[Records from a data source]

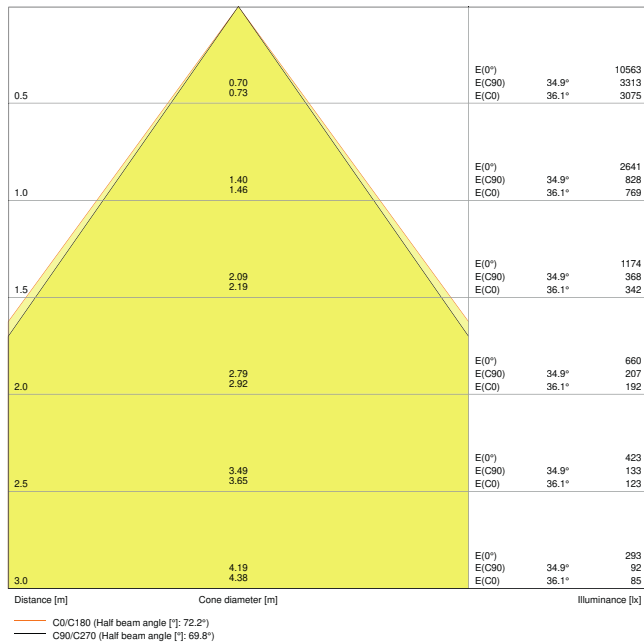

- Initial color consistency: 3 SDCM
- Glow Wire Test according to IEC 60695-2-12: 850 °C
- Luminaire versions with IoT-ready DALI-2 driver or IoT Zigbee 3.0 technology available

TECHNICAL DATA

Electrical data

Photometrical data

Luminous flux	4000 lm
Luminous efficacy	120 lm/W
Color temperature	4000 K
Light color (designation)	Cool White
Color rendering index Ra	≥ 80
Standard deviation of color matching	3 sdcn
Low flicker	Yes
Flickering metric (Pst LM)	-
Stroboscope effect metric (SVM)	-
Photobiological safety group acc. to EN62778	RG1
Beam angle	70 °
UGR	< 16

LDC typ cone

LDC typ polar

Dimensions & Weight

Length	595.00 mm
Width	595.00 mm
Height	13.00 mm
Product weight	3500.00 g

Materials & Colors

Product color	White
Housing color	White
Body material	Steel
Cover material	Polycarbonate (PC)
Light emitting surface material	Polycarbonate (PC)
Glow Wire Test according to IEC 60695-2-12	850 °C
Mercury content	0.0 mg
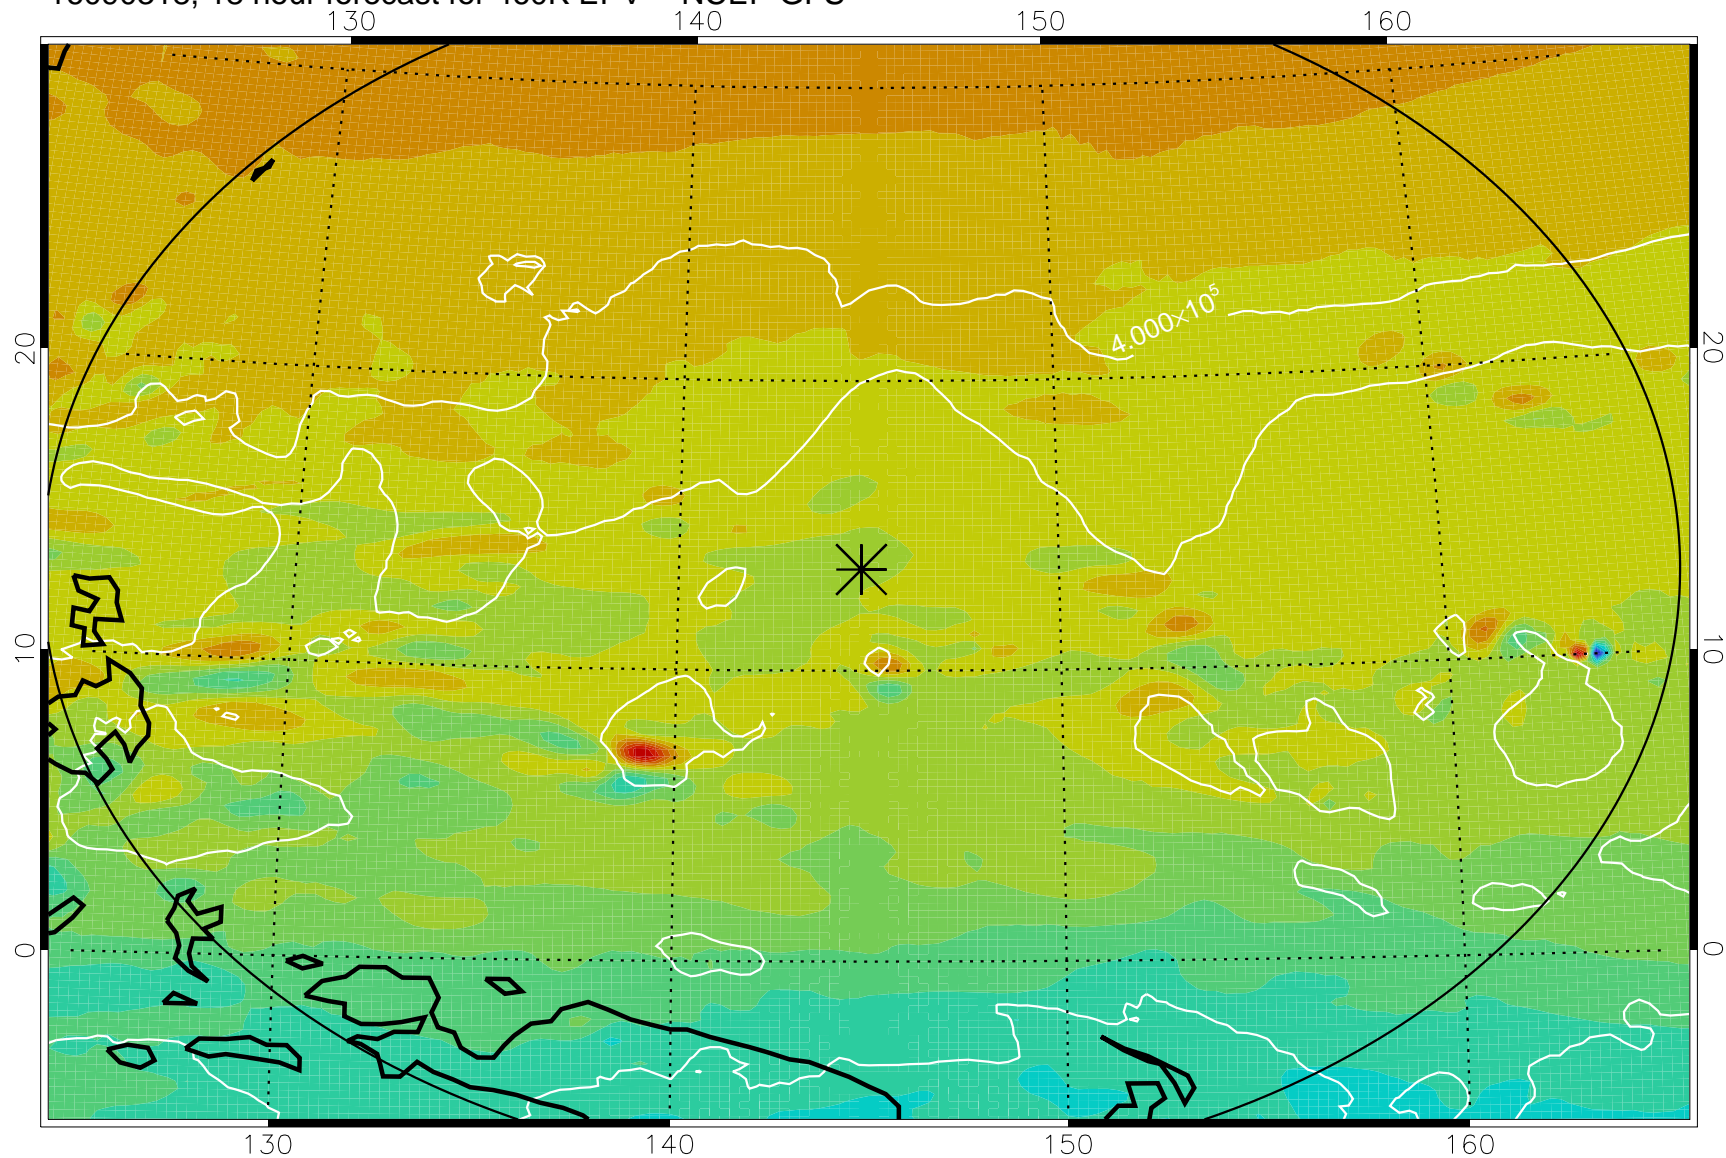

16090306, 6 hour forecast for 460K EPV -- NCEP GFS

460K Montgomery Streamfunction, white

Range ring of 2304 km

16090312, 12 hour forecast for 460K EPV -- NCEP GFS

460K Montgomery Streamfunction, white

Range ring of 2304 km

16090318, 18 hour forecast for 460K EPV -- NCEP GFS

460K Montgomery Streamfunction, white

Range ring of 2304 km

16090400, 24 hour forecast for 460K EPV -- NCEP GFS

460K Montgomery Streamfunction, white

Range ring of 2304 km

16090406, 30 hour forecast for 460K EPV -- NCEP GFS

460K Montgomery Streamfunction, white

Range ring of 2304 km

16090412, 36 hour forecast for 460K EPV -- NCEP GFS

460K Montgomery Streamfunction, white

Range ring of 2304 km

16090418, 42 hour forecast for 460K EPV -- NCEP GFS

460K Montgomery Streamfunction, white

Range ring of 2304 km

16090500, 48 hour forecast for 460K EPV -- NCEP GFS

460K Montgomery Streamfunction, white

Range ring of 2304 km
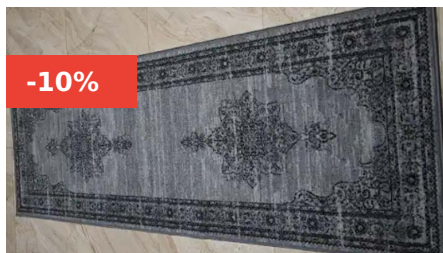

SABHA 80X240CM CORRIDOR RUNNERS 6

Elevate your hallway with the stylish SABHA 80 x 240 cm Corridor Runner. This elegant runner adds a touch of sophistication and warmth to any corridor, offering both beauty and functionality.

[Read More](#)

SKU: N/A

Price: ~~KSh 2,905.00~~ Original price was:
KSh 2,905.00. KSh 2,605.00 Current price is: KSh 2,605.00.
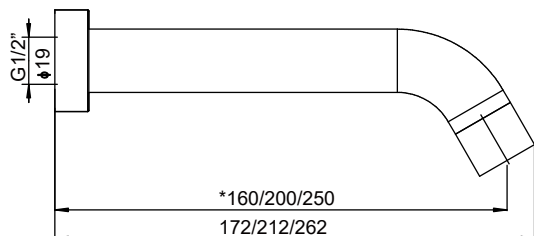

MIZU

DRIFT OUTLET

MIZU DRIFT BATH OUTLET

*White bath outlet only avail in 160mm

MIZU DRIFT BASIN OUTLET

Dimensions are nominal measurements only.

To see the complete Mizu range go to www.reece.com.au/bathrooms

SPECIFICATIONS

Recommended use	Domestic, hotel and commercial
Colour availability	White
Available length	160mm / 200mm
Standards	AS/NZS 3718
WELS	Basin outlet 4 star , 7.5 l/min

CLEANING RECOMMENDATIONS

**WHAT IS BEING ASKED**
Only lines that include "SABHA" belong in the answer; return them from the entries above.

**SOLUTION TO THE EXERCISE**
SABHA 80X240CM CORRIDOR RUNNERS 6
Elevate your hallway with the stylish SABHA 80 x 240 cm Corridor Runner. This elegant runner adds a touch of sophistication and warmth to any corridor, offering both beauty and functionality.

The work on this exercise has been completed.